We humans can build machine learning models, trained on our own data, and make them even more personalized by continuously feeding them with data through long-term self-tracking and logging. The feeds an increasingly entangled relationship where machine learning models are shaped by us as creators, designers, and developers, and where we humans are shaped by AI outputs, such as living with predictions, insights, and recommendations in our daily lives.

Entanglement between humans and AI can be especially examined when humans overtrust and overrely on AI features in self-tracking apps, to the extent that we may even override our own feelings and experiences in favor of making it fit with the ML model’s outputs. And the ML models are not an entirely distinct entity either, because it has been created, shaped, and trained by our data and without values and agendas.

For me, this raises interesting questions on how these entanglements manifest in how humans experience themselves, the world, and the technology they use. What ethical considerations and values might we want to consider when we design and create these technologies, which have far-reaching consequences?

The concept of human-AI entanglement challenges us to move beyond traditional interaction design paradigms and recognize the profound ways we are shaped by, and shape, the AI systems embedded in our everyday lives. As machine learning models learn from our data and we, in turn, adjust our behaviors based on AI predictions and insights, we enter an increasingly entangled relationship with technology.

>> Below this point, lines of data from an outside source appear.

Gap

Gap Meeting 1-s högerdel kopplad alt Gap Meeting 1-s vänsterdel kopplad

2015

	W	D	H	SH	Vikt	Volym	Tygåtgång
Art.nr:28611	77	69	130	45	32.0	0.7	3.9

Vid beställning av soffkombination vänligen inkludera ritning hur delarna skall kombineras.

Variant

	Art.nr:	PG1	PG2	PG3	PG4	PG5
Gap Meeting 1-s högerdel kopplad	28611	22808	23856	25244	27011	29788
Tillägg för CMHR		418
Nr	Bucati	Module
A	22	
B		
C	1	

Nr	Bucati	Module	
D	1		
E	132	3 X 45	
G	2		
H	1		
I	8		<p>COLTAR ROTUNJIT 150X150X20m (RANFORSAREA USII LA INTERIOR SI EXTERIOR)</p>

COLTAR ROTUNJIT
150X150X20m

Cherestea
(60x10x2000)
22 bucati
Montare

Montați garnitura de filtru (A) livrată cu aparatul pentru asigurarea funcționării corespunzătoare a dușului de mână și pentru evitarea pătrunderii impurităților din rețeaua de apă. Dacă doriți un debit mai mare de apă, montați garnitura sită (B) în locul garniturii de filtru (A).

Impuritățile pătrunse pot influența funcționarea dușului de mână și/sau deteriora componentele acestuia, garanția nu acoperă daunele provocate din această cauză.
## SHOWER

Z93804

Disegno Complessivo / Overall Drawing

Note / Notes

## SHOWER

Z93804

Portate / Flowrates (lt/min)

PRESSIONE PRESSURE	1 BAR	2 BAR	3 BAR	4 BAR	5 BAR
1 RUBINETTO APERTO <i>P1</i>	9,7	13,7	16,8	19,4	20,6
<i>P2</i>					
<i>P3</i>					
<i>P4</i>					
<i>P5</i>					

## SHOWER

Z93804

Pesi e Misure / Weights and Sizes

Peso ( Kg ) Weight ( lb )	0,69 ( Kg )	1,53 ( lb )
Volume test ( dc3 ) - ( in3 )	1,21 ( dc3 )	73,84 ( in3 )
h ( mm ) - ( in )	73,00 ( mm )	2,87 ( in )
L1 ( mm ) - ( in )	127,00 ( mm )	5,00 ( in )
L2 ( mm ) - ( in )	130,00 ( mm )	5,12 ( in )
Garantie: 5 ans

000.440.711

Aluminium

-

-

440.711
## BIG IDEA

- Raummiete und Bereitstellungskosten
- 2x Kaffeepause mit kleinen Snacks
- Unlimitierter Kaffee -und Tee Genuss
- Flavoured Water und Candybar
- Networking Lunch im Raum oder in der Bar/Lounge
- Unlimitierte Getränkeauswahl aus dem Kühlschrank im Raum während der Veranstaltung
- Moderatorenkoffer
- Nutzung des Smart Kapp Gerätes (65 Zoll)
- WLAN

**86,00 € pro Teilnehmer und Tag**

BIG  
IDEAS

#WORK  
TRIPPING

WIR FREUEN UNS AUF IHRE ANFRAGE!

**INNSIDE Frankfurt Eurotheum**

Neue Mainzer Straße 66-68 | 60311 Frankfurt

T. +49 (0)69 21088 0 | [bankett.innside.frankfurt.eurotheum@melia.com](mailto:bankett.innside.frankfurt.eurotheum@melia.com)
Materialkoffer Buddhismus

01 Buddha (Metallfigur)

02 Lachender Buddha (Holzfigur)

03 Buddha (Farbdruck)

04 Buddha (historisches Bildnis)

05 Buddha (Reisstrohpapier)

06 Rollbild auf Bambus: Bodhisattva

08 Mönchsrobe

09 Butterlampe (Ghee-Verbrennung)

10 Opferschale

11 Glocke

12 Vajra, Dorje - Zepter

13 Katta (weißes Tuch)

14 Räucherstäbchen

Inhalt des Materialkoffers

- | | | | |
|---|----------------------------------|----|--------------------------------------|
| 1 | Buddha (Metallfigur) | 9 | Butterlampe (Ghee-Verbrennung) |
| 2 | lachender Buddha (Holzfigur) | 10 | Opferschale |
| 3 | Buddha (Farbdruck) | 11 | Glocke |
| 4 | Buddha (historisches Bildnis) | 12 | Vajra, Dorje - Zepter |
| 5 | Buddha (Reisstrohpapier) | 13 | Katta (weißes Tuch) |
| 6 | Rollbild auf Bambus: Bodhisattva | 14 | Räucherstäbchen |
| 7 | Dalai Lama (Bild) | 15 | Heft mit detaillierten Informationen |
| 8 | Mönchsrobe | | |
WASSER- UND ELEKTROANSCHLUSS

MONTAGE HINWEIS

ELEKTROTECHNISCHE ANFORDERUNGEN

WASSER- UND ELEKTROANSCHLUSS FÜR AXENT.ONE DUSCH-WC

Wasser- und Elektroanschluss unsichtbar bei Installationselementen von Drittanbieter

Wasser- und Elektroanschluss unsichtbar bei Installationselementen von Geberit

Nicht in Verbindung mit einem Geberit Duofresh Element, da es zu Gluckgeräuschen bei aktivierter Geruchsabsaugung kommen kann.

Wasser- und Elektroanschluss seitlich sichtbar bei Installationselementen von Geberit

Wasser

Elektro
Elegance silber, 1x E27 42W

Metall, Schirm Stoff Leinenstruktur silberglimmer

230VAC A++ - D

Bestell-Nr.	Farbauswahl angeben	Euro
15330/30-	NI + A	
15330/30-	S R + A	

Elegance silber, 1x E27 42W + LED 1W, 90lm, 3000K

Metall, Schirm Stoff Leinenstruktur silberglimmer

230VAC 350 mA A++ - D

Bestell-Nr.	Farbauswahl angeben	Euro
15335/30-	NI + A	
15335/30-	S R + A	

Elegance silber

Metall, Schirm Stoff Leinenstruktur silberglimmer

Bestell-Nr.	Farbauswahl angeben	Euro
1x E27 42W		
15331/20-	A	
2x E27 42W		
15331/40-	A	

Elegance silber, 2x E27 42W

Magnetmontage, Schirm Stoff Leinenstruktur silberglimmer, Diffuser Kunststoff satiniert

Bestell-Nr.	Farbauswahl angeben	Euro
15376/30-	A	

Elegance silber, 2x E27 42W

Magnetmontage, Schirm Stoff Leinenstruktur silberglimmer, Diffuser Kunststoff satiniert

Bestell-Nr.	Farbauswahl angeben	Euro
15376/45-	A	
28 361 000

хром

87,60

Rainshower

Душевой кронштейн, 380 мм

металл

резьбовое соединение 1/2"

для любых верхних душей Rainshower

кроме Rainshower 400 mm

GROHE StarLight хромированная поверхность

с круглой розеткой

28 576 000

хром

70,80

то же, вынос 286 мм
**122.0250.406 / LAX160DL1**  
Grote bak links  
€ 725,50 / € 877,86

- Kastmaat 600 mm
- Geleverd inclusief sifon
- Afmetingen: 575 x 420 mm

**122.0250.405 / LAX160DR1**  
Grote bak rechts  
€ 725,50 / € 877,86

For designers, developers, and researchers working in human-computer interaction and AI ethics, understanding agential realism and entanglement is essential for creating responsible and ethical AI applications. Whether you’re designing self-tracking apps, developing explainable AI features, or researching human-AI interaction, considering how technology and humanity co-constitute each other opens new pathways for ethical design and meaningful digital experiences.